MATERIAL FOR THIS TASK START
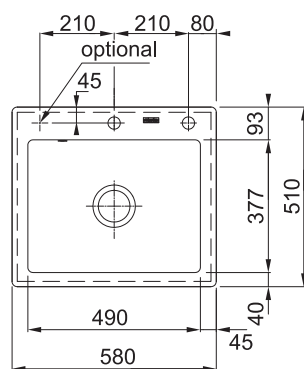

FRANKE MTK 610-58

Datablad

Make
it
Wonderful

BESKRIVNING

Franke Mythos MTK 610-58

- Disklåda i porslin
- Enkelt att tömma vattnet med Easy-touch knappen
- För infällnad i bänkskiva

TEKNISKA DATA

Skåpstorlek	min 600 mm
Yttermått (LxBxD)	580 x 510 x 190 mm
Lådmått	490 x 377 x 190 mm
Håltagningsmått	560 x 490 mm
Ventilset/Vattenlås	art.nr 112.0331.953/112.0175.979 (ingår)

BAUHAUS ARTIKELNUMMER: 3199050A

SKÖTSEL OCH UNDERHÅLL

För rengöring av porslin med „keramisk plus“ yta så kan vanligt rengöringsmedel och en tvättsvamp med den mjuka, icke-slipande ytan eller en mikrofibetrasa användas. Undvik att använda skurpulver eller liknande medel, annars kommer „keramik plus“ smutsavvisande effekt att minska med tiden.

En varm porslinsvask leder till ökade risker för att efterlämna svarta linjer av t.ex. köksredskap, bestick och andra metallföremål. Det kan vara fungera att använda sig av ett keramiskt suddgummi för att ta bort eventuella svarta linjer. Är det redan skador på ytan så har dock inte suddgummit någon effekt.

Rengör vasken dagligen med en diskborste och diskmedel, avsluta med att torka av. Det minimerar risken för fläckar på ytan samt kalkangrepp.

Porslinsvaskar med „keramisk plus“ yta får inte rengöras med slipande rengöringsmedel, däribland Franke Twister.

FRANKE
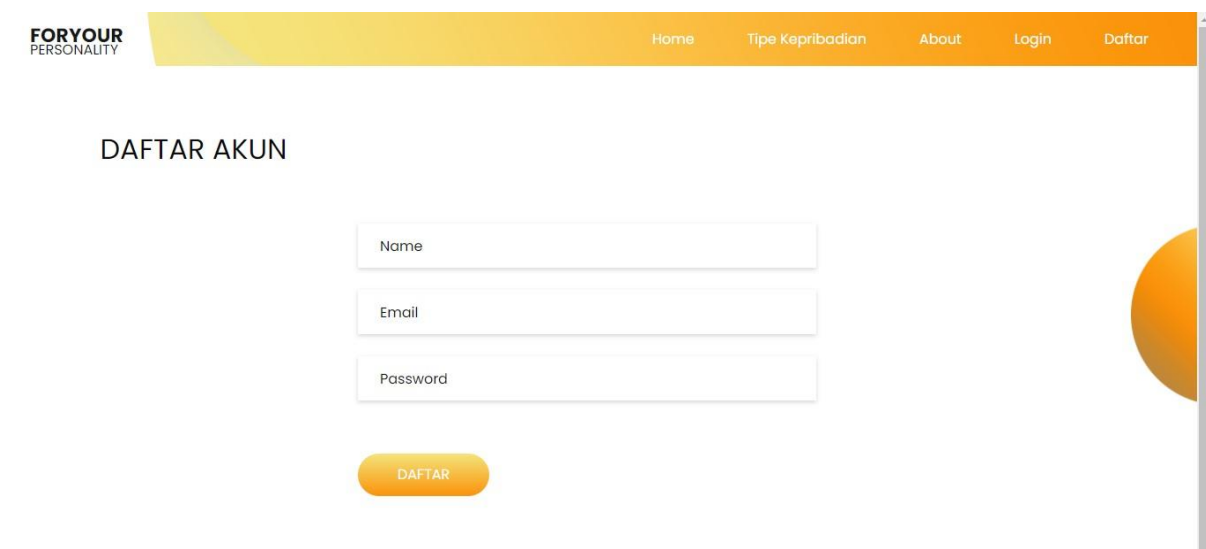

Masukan nama, email, dan password yang akan anda gunakan untuk mendaftarkan akun. Jika telah terisi, klik 'daftar' untuk menuju ke langkah selanjutnya. Jika registrasi anda berhasil, maka anda akan diarahkan menuju ke laman login. Apabila registrasi anda tidak berhasil, akan terdapat peringatan pengulangan registrasi dan pembenahan inputan.
MATERIAL FOR THIS TASK END
# WHAT THE EXERCISE ASKS
Write out the whole listing above exactly, minus images.

# YOUR SOLUTION
FRANKE MTK 610-58

Datablad

Make
it
Wonderful

BESKRIVNING

Franke Mythos MTK 610-58

- Disklåda i porslin
- Enkelt att tömma vattnet med Easy-touch knappen
- För infällnad i bänkskiva

TEKNISKA DATA

Skåpstorlek	min 600 mm
Yttermått (LxBxD)	580 x 510 x 190 mm
Lådmått	490 x 377 x 190 mm
Håltagningsmått	560 x 490 mm
Ventilset/Vattenlås	art.nr 112.0331.953/112.0175.979 (ingår)

BAUHAUS ARTIKELNUMMER: 3199050A

SKÖTSEL OCH UNDERHÅLL

För rengöring av porslin med „keramisk plus“ yta så kan vanligt rengöringsmedel och en tvättsvamp med den mjuka, icke-slipande ytan eller en mikrofibetrasa användas. Undvik att använda skurpulver eller liknande medel, annars kommer „keramik plus“ smutsavvisande effekt att minska med tiden.

En varm porslinsvask leder till ökade risker för att efterlämna svarta linjer av t.ex. köksredskap, bestick och andra metallföremål. Det kan vara fungera att använda sig av ett keramiskt suddgummi för att ta bort eventuella svarta linjer. Är det redan skador på ytan så har dock inte suddgummit någon effekt.

Rengör vasken dagligen med en diskborste och diskmedel, avsluta med att torka av. Det minimerar risken för fläckar på ytan samt kalkangrepp.

Porslinsvaskar med „keramisk plus“ yta får inte rengöras med slipande rengöringsmedel, däribland Franke Twister.

FRANKE

Masukan nama, email, dan password yang akan anda gunakan untuk mendaftarkan akun. Jika telah terisi, klik 'daftar' untuk menuju ke langkah selanjutnya. Jika registrasi anda berhasil, maka anda akan diarahkan menuju ke laman login. Apabila registrasi anda tidak berhasil, akan terdapat peringatan pengulangan registrasi dan pembenahan inputan.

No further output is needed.